**WHAT YOU HAVE TO DO:**
Which lines in the records below contain the word "Vinyl"? Copy each of them.
─── DATA FOR PROCESSING
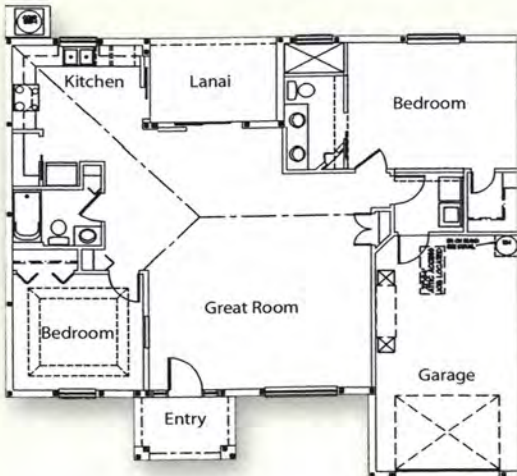

579 South Indiana Avenue Suite A
Englewood, FL 34223
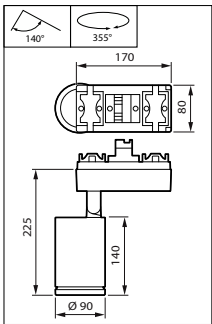

Maatschets

Maatschets

Productgegevens

Aiming indication, with marking for Indoor Positioning operation

StyliD Evo Compact black, side view

StyliD Evo

Productgegevens

StyliD Evo Compact ST770X
Mounting interface
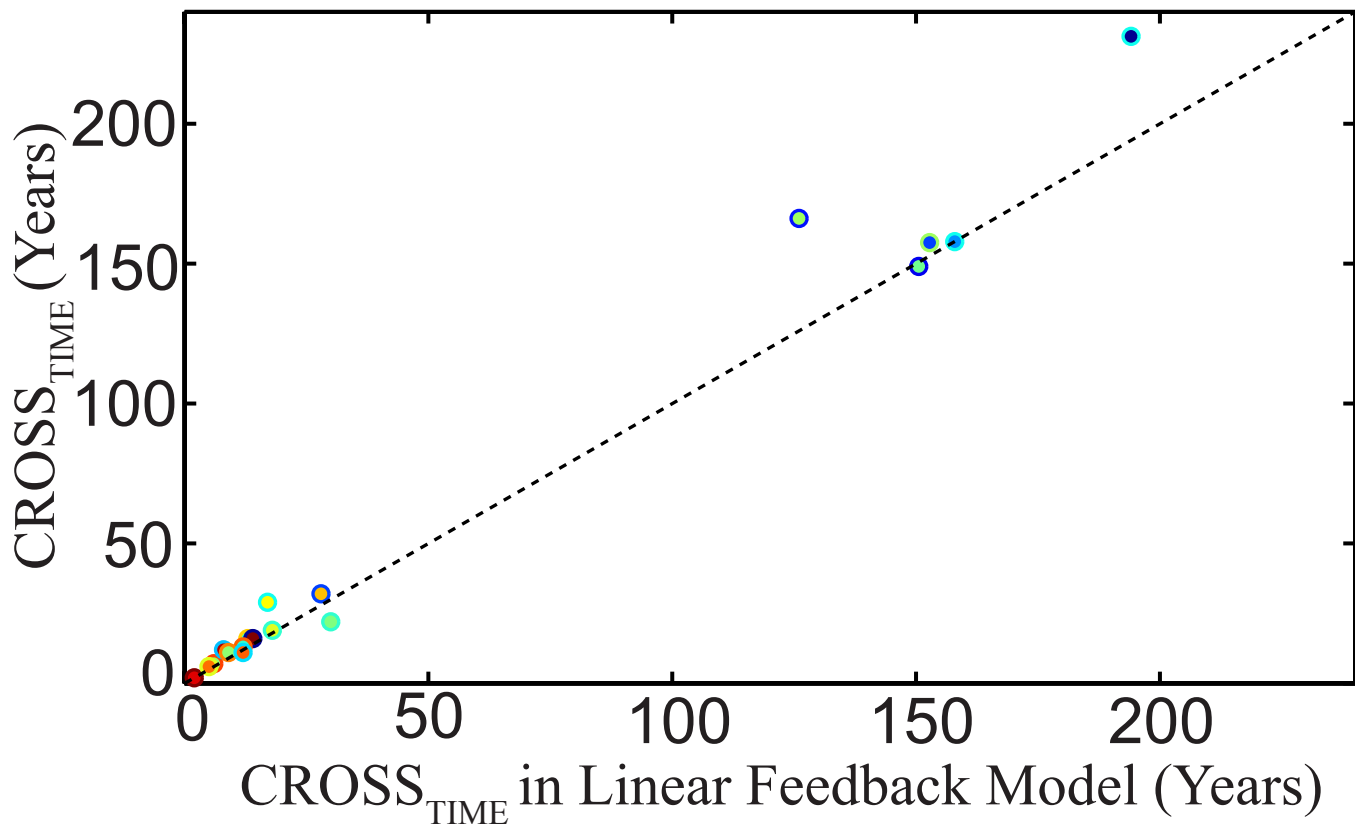

4XCO₂ CROSS_{TIME}

1%CO₂ Ramp SWEAR
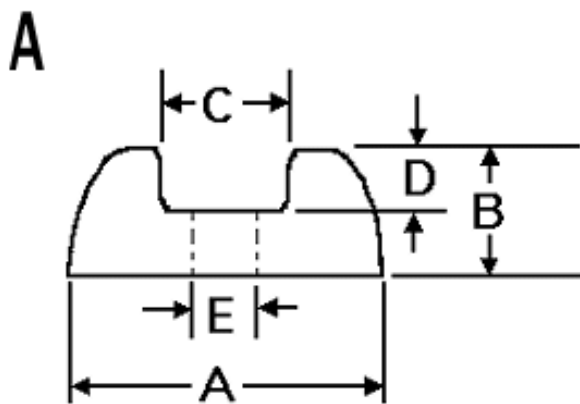

## Bumpers & Chassis Feet

- Recessed Bumpers with a clearance hole for attachment offers a convenient protection for electrical equipment
- Rubber material is a Black Buna-S Synthetic Rubber(SBR), approximately 60 durometer
- Vinyl bumpers are made of Polyvinyl Chloride(PVC), and are available in -103 Black or -113 Grey. Add color number as suffix to part number
- Vinyl chassis feet have steel eyelet hole
- Alternative sizes and shapes are available in quantity from the factory

Inventory Search

Cross Reference

UPS Tracking

632 Arch Street, POB  
726 Meadville, PA  
16335 USA 814-724-6440

[Contact Webmaster](#)

© June 6, 2005

PART NO.	ILLUS.	MATERIALS & ACCESSORIES	SCREW CLR ID	O.D.	HEIGHT	RECESS DIA	RECESS DEPTH
			E	A	B	C	DEPTH
2192	A	Rubber	1/8	1/2	1/4	1/4	1/8
2455	A	Rubber	1/8	17/32	1/4	1/4	5/32
2184	A	Rubber	5/32	5/8	9/32	9/32	1/8
2457	A	Rubber	1/8	11/16	13/32	1/4	7/32
2458	A	Rubber	3/32	23/32	17/32	7/32	1/4
2193	B	Rubber	1/8	5/8	5/16	1/4	3/16
2459	B	Rubber	1/8	3/4	9/32	1/4	1/8
2194	B	Rubber	1/8	3/4	3/8	9/32	3/16
2138	C	Rubber	3/16	15/16	3/8	3/8	3/16
2456	D	Rubber	11/64	5/8	5/8	5/16	5/16
2461	D	Rubber	1/8	1"	1"	1/4	5/8
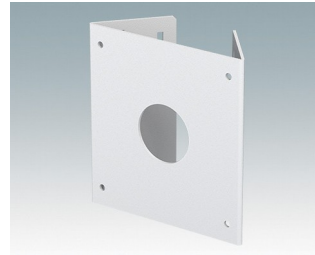

**M7000742**  
 Front Panel P – C325  
 Aluminum  
 Traffic Gray A RAL 7042  
 13.07"x0.08"x9.48"

**M7000744**  
 Front Panel P – C336  
 Aluminum  
 Traffic Gray A RAL 7042  
 13.07"x0.08"x13.81"

**M7000746**  
 Front Panel P – C430  
 Aluminum  
 Traffic Gray A RAL 7042  
 15.43"x0.08"x11.45"

**M7000900**  
 Wall Mounting Kit S  
 Mild Steel CR4  
 Traffic White RAL 9016  
 6.18"x5.71"x0.63"

**M7000905**  
 Wall Mounting Kit L  
 Mild Steel CR4  
 Traffic White RAL 9016  
 8.86"x9.25"x0.63"
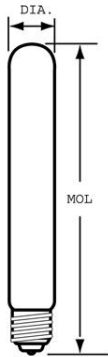

#### GENERAL CHARACTERISTICS

|                     |  |
|---------------------|--|
| Lamp Type           | Incandescent - Tubular                   |
| Bulb                | T6.5                                     |
| Base                | Intermediate Screw (E17)                 |
| Filament            | C-8                                      |
| Bulb Finish         | Frost                                    |
| Rated Life          | 7000.0 hrs                               |
| Bulb Material       | Soft glass                               |
| Primary Application | Exit<br>Sign;Appliance;Standard;Standard |

#### DIMENSIONS

|                              |                     |
|------------------------------|---------------------|
| Maximum Overall Length (MOL) | 5.5000 in(139.7 mm) |
| Bulb Diameter (DIA)          | 0.813 in(20.7 mm)   |
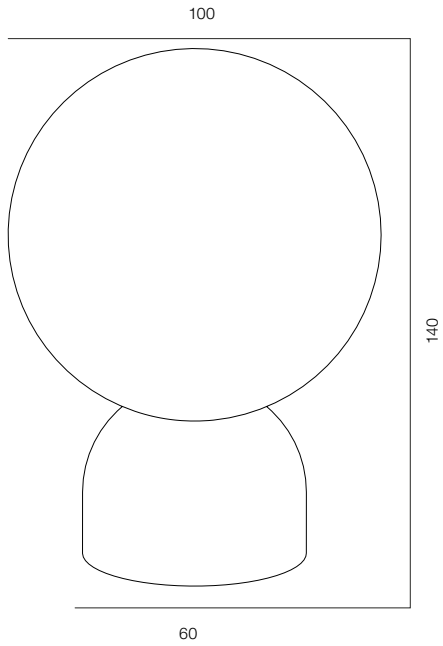

LOONA C100 LAMP
──────
**ANSWER AREA:**
- Vinyl bumpers are made of Polyvinyl Chloride(PVC), and are available in -103 Black or -113 Grey. Add color number as suffix to part number
- Vinyl chassis feet have steel eyelet hole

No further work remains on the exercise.